Segment Start: Study material
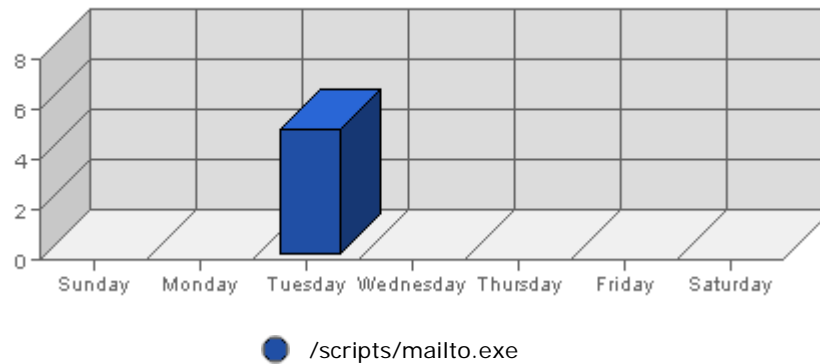

Date	Visits	Average	Forecast	% of Total
Sun Feb 27th, 2005	1,488	843.90	n/a ▼	13.11
Mon Feb 28th, 2005	1,611	964.74	n/a ▼	14.20
Tue Mar 01st, 2005	1,480	963.82	n/a ▼	13.04
Wed Mar 02nd, 2005	1,732	947.65	n/a ▼	15.26
Thu Mar 03rd, 2005	1,518	957.16	n/a ▲	13.38
Fri Mar 04th, 2005	1,769	883.11	n/a ▲	15.59
Sat Mar 05th, 2005	1,751	839.92	n/a ▲	15.43

Summary:

The total number of visits during the selected week is **11,349**.

The average number of visits during a week is **4,127.47**.

The smallest number of visits occurred on **Tue, Mar 01st 2005** with **1,480** visits.

The largest number of visits occurred on **Fri, Mar 04th 2005** with **1,769** visits.

On average the smallest number of visits occurs on **Sunday** with **841.24** visits.

On average the largest number of visits occurs on **Monday** with **973.59** visits.

Most Common Downloads

URL	Downloads	Average	Forecasted	% of Total
1. /scripts/mailto.exe	5	0.32	n/a ▲	100.00%

Summary:

- During the selected week, **1** distinct file is responsible for **5** downloads.
  (Averaging **5.00** downloads per file)
- During the previous week, **1** distinct file was responsible for **1** download.
  (Averaging **1.00** download per file)
- During the selected week there is **1** distinct file.
  During the previous week there was **1** distinct file.
  This is a change of **0 (0.00%)** distinct files.
- The selected week's average (**5.00** downloads per download) is **up** by **(+400.00%)** from last week's average (**1.00** download per download).
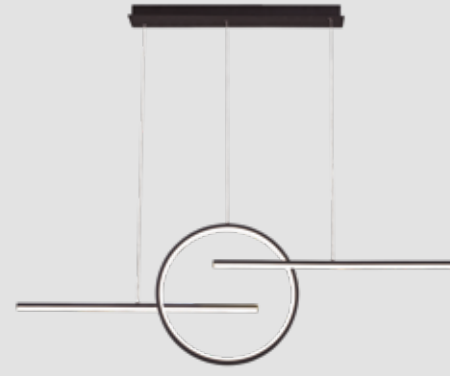

7140 Negro-Black
LED 50W 3000K 4000lm
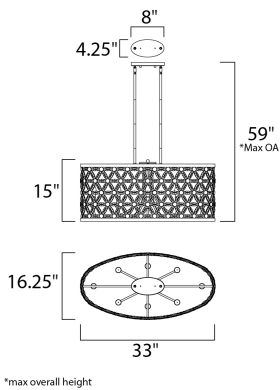

PRODUCT DESCRIPTION

Petals of Beveled Crystal create a brilliant display housed in a Polished Nickel frame. This elegant collection spans many design genres from modern to traditional and will enhance a wide variety of room decor.

MEASUREMENTS

DIMENSION : 33" L x 16.25" W x 15" H
 MAX OAH : 59" OAH
 CANOPY : 8" L
 HANGING WEIGHT : 28.77003 lb
 WIRE LENGTH : 120"

LAMPING

INPUT VOLTAGE : 120V
 BULB : 8 x 60W Incandescent E12 Candelabra , 480W Total
 BULB INCLUDED : (Not Included)
 DIMMABLE : Yes
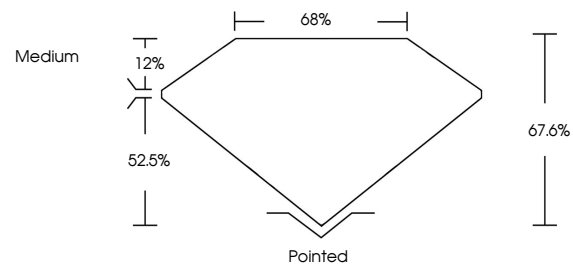

PROPORTIONS
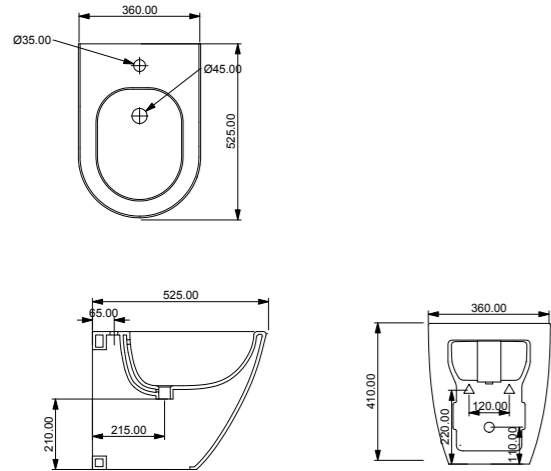

cod. LKBI01
Bidet Like monoforo (senza foro e tre fori su richiesta)
Bidet Like one hole (without hole and three holes on request)

cod. LKBI01

cod. LKBISO
Bidet Like sospeso monoforo (senza foro su richiesta)
Bidet Like wall-hung one hole (without hole on request)

cod. LKBISO
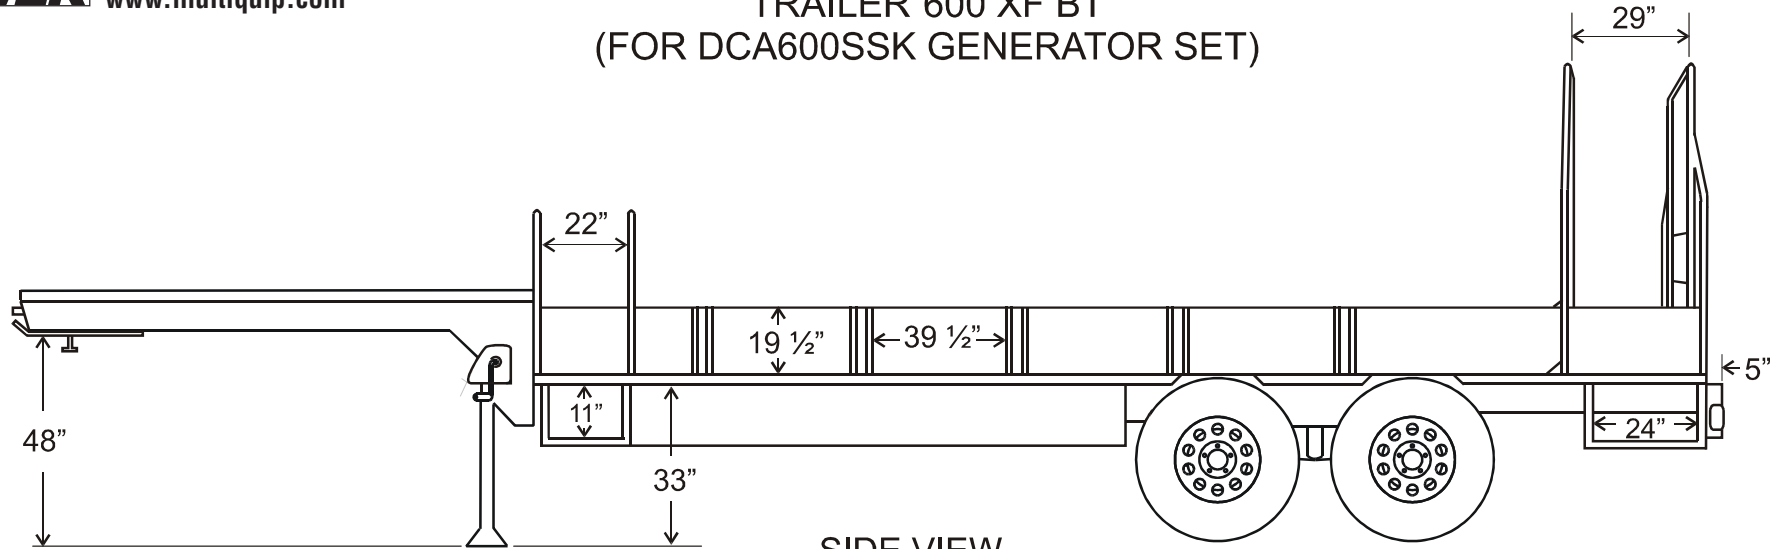

**MQ POWER**  
ENGINEERED PRODUCTS DIVISION  
RANCHO DOMINGUEZ, CA 90221  
866-4PWR-GEN 800-421-1244  
www.multiquip.com

**MQ POWER**  
**TRAILER 600 XF BT**  
**(FOR DCA600SSK GENERATOR SET)**

**SIDE VIEW**  
**(NOT TO SCALE)**
Segment End: Study material
Task to carry out:
With "monoforo" as the string to find, copy every line of the records that holds it.

Exercise output:
Bidet Like monoforo (senza foro e tre fori su richiesta)
Bidet Like sospeso monoforo (senza foro su richiesta)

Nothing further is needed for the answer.